Task directions:
The entries below are to be given back exactly, with images excluded.

Extracted data:
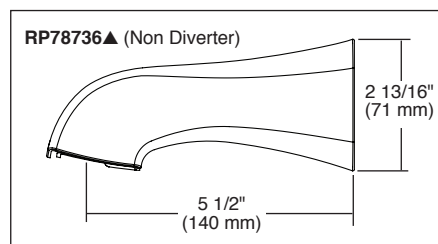

Delta reserves the right (1) to make changes in specifications and materials, and (2) to change or discontinue models, both without notice or obligation. Dimensions are for reference only. See current full-line price book or www.deltafaucet.com for finish options and product availability.
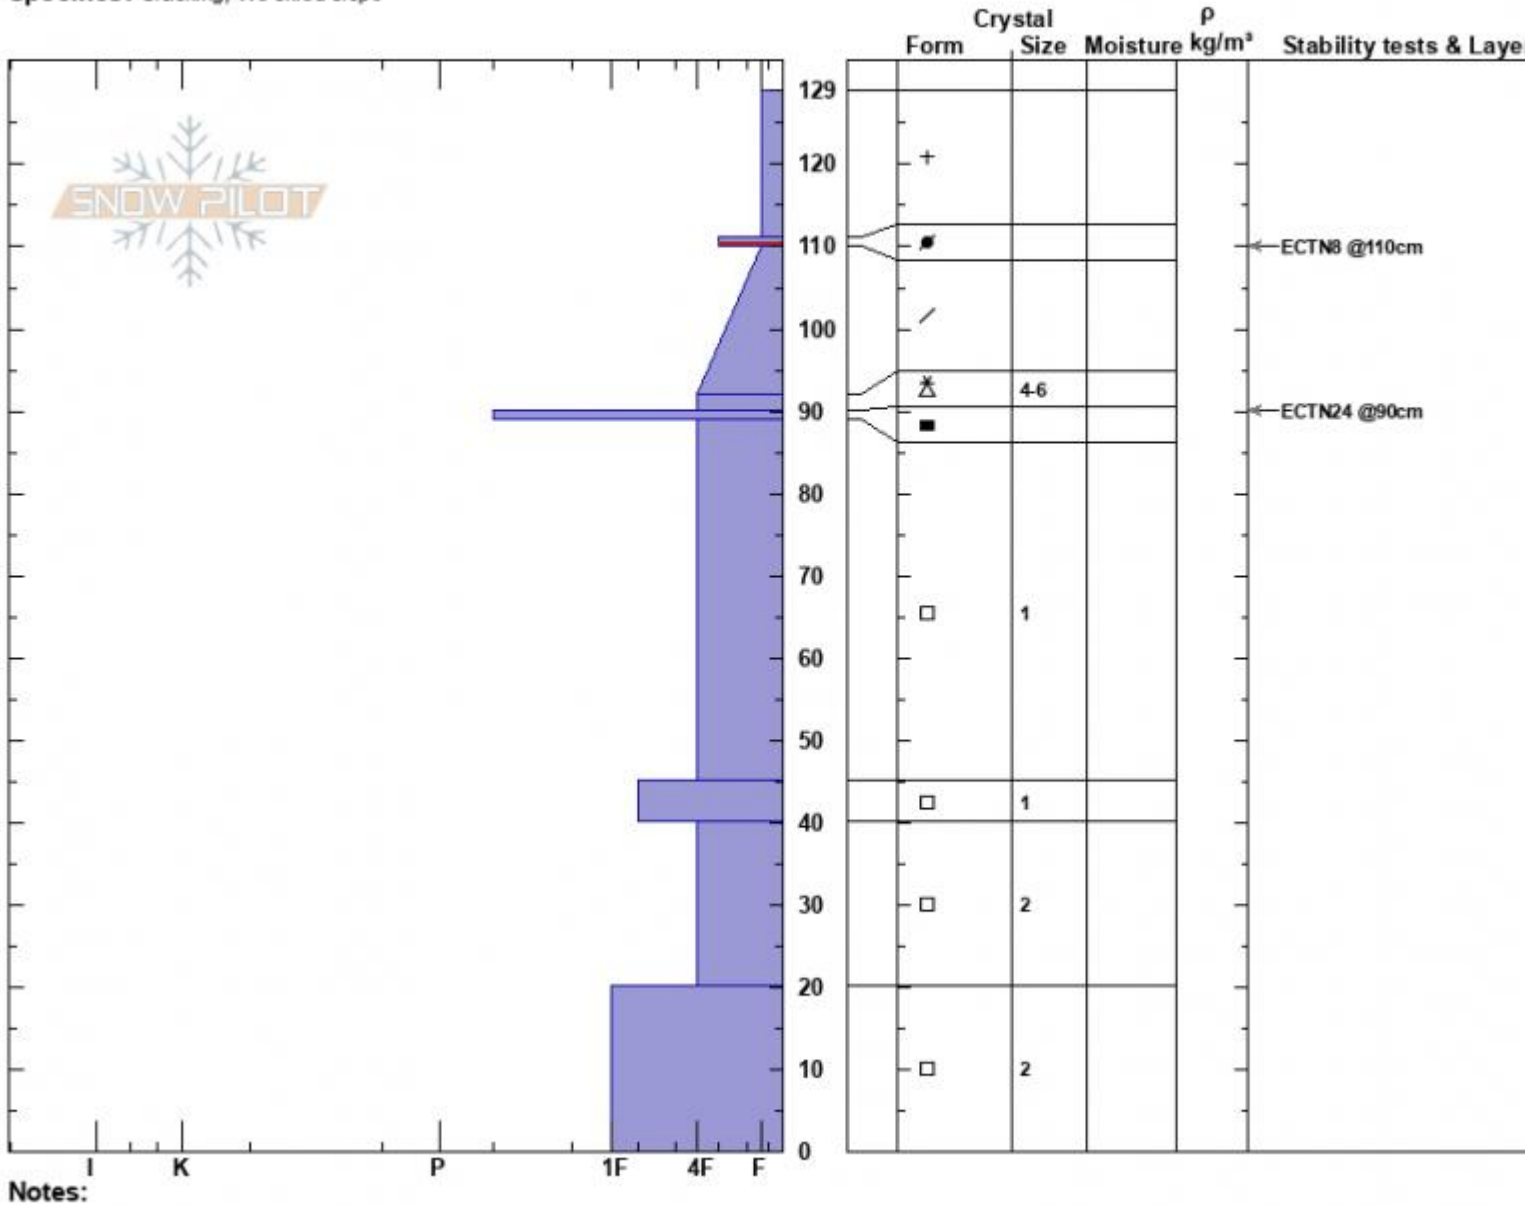

Throne
 Bridger Range
 MT
 Elevation: 8102 ft
 Aspect: 93°
 Specifics: Cracking; We skied slope

Alex Haddad
 01/06/2023 - 10:47am
 Co-ord: 45.88444N, -110.95030W
 Slope Angle: 29°
 Wind Loading: yes

Stability: Poor
 Air Temperature:
 Sky Cover: OVC
 Precipitation: S-1
 Wind: N Moderate

HS:129
 PF:55
 PS: 30
 Layer Notes:
 111-110cm: Problematic layer

Advisory Region
 Bridger Range
 Longitude
 -110.95W
 Latitude
 45.88N
 Bridger Range, 2023-01-06

Response area:
Delta reserves the right (1) to make changes in specifications and materials, and (2) to change or discontinue models, both without notice or obligation. Dimensions are for reference only. See current full-line price book or www.deltafaucet.com for finish options and product availability.

Throne
 Bridger Range
 MT
 Elevation: 8102 ft
 Aspect: 93°
 Specifics: Cracking; We skied slope

Alex Haddad
 01/06/2023 - 10:47am
 Co-ord: 45.88444N, -110.95030W
 Slope Angle: 29°
 Wind Loading: yes

Stability: Poor
 Air Temperature:
 Sky Cover: OVC
 Precipitation: S-1
 Wind: N Moderate

HS:129
 PF:55
 PS: 30
 Layer Notes:
 111-110cm: Problematic layer

Advisory Region
 Bridger Range
 Longitude
 -110.95W
 Latitude
 45.88N
 Bridger Range, 2023-01-06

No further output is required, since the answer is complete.